Stored data
# # # # # # #
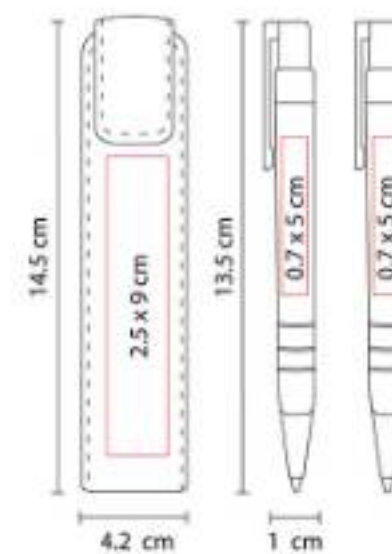

EST 040  
SET CADMIO

**Material:** Aluminio / Curpiel

**Técnica de impresión:** Láser / Serigrafía /  
Termograbado

**Área de impresión:** 0.7 x 5 cm Bolígrafo /  
2.5 x 9 cm Estuche

**Colores:** Negro

Bolígrafo y lapicera 0.5 mm. Mecanismo pulsador. Incluye estuche con imán para cerrado.
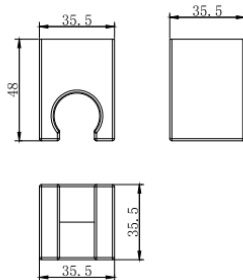

Держатель для ручного душа AQUATEK AQ2400CR/MB

ХАРАКТЕРИСТИКИ

- Общий размер (мм): 48*35.5*35.5
- Основной материал: ABS-пластик
- Варианты цвета: хром / черный матовый
- Подходит для комплектации любых душевых лейек
- Монтаж: на стену
- Назначение: комплектующие для душа
- Тип продукта: держатель ручного душа
- Гарантия (лет): 2
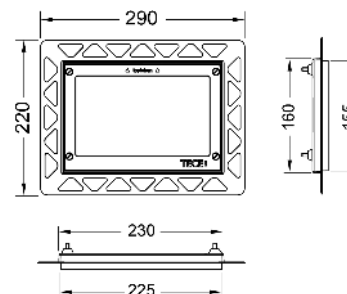

Пульт дистанційного програмування TECElux Mini

Дистанційний пульт для програмування електроніки TECElux Mini. Функції, що програмуються: зона розпізнавання; гігієнічний змив; автоматичний змив; режим прибирання та яскравість підсвічування.

Артикул	К 1
9240971	1 шт.

Монтажна рамка для встановлення врівень зі стіною

Монтажний комплект для встановлення скляних панелей змиву TECElux, пластикових панелей змиву TECElux, TECVelvet, скляних панелей змиву TECESquare, TECElux Mini, а також TECEnow врівень зі стіною. Регульована по глибині рамка для оздоблення стіни товщиною 5-18 мм (для оздоблення товщиною 18-33 мм з регулюючим болтом - артикул 9820181). У комплект входять інструменти для демонтажу панелі змиву.

Монтажна рамка встановлюється до вкладки плитки!

Увага!

Підходить для туалетних модулів для стін сухого монтажу; а також для монтажу в цегляну кладку у поєднанні з системою захисту інспекційного отвору TECESbox (арт. 9030029). Щоб краї були рівними, використовуйте водоструменевий різак для підготовки плитки.

Колір	Виставкові зразки	Артикул	К 1	К 2
Білий	Так	9240646	1 шт.	20 шт.
Чорний	Так	9240647	1 шт.	20 шт.
Хром глянцевий	Так	9240649	1 шт.	20 шт.
Позолочений	—	9240648	1 шт.	20 шт.
Металевий глянцевий	—	9240644	1 шт.	20 шт.

Інформація про зразки доступна в розділі «Виставкові зразки».

Декоративна рамка для монтажної рамки панелі змиву

Металева декоративна рамка встановлюється разом з монтажною рамкою для унітазу. Приховує нерівні краї плитки. Регульована по глибині рамка для оздоблення стіни товщиною 5–18 мм (для оздоблення товщиною 18–33 мм з регулюючим болтом - арт. 9820181).
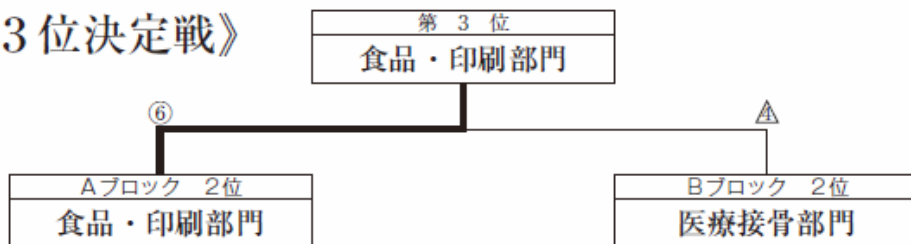

《第3位決定戦》

食品・印刷	5	初	3	3	3	2	3	2	3	3	4	3
大	初	稲	大	内	赤	齊	吉	佐	合	設	宮	
金	相	葉	平	山	木	藤	蘭	々	田	楽	下	
○	沢	○	○				○	田	○	○		
⑥												
—												
△												
医療接骨	3	3	4	4	3	5	3	5	4	3	3	
	森	平	坂	石	高	畑	阿	岡	坂	鈴	野	
	川	田	本	倉	野	山	部	本	本	木	川	

優秀選手

1. 繊維部門	松山 毅	4 (旭化成)
2. 繊維部門	木村 純	3 (旭化成)
3. 繊維部門	出口 雄樹	3 (旭化成)
4. 鉄鋼部門	齋藤 俊	3 (新日鐵・広畑)
5. 鉄鋼部門	吉永 慎也	4 (新日鐵・本社)
6. 食品・印刷部門	大金 良二	5 (ダイコロ)
7. 食品・印刷部門	合田 良太	3 (ダイコロ)
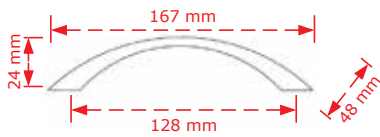

ΚΩΔΙΚΟΣ / CODE 2305/128

20 τμχ/pcs

ΧΡΩΜΑΤΟΛΟΓΙΟ / COLOUR ΤΙΜΗ / PRICE €

Χρώμιο Γυαλιστερό/Chrome shiny	8.00€
Antique brass	10.00€
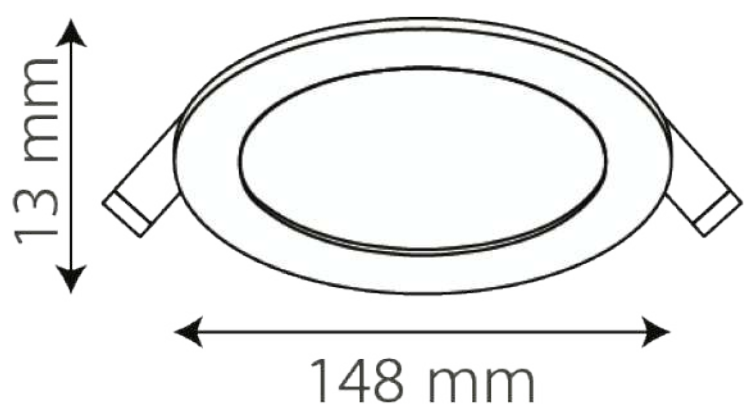

FICHA TECNICA

LUMINARIO TLDLB830

DATOS DEL PRODUCTO

Descripción:

Luminario de LED Interior Empotrable

Modelo:

TLDLB830

Tipo de Lámpara:

Integrado LED

ESPECIFICACIONES

Potencia:	8 W
Corriente:	0,07 A
Alimentación:	100-240 V~
Frecuencia:	60 Hz
Factor de potencia:	0.9
Flujo luminoso:	510 lm
IRC:	≥ 80
Temperatura de color (K):	3 000 K
Temperatura de operación:	- 20 - 40° C
Cuerpo:	Aluminio
Grado de protección:	IP 20
Horas de vida:	40 000 h
Dimensiones:	A= 148 mm. B= 13 mm.
Dimensiones de caja:	A= 180 mm. B= 160 mm. C= 30 mm.
Peso:	225 g
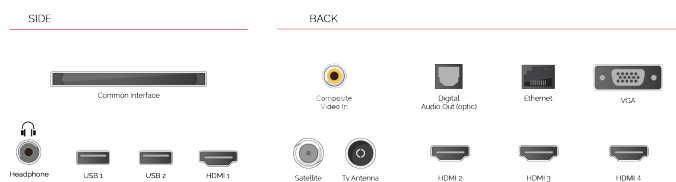

CONNEXION

TAILLE
# # # # # # #
- [To do]:
In the records above, how many lines contain the word "印刷部門"? Give the number alone.

- [Answer box]:
2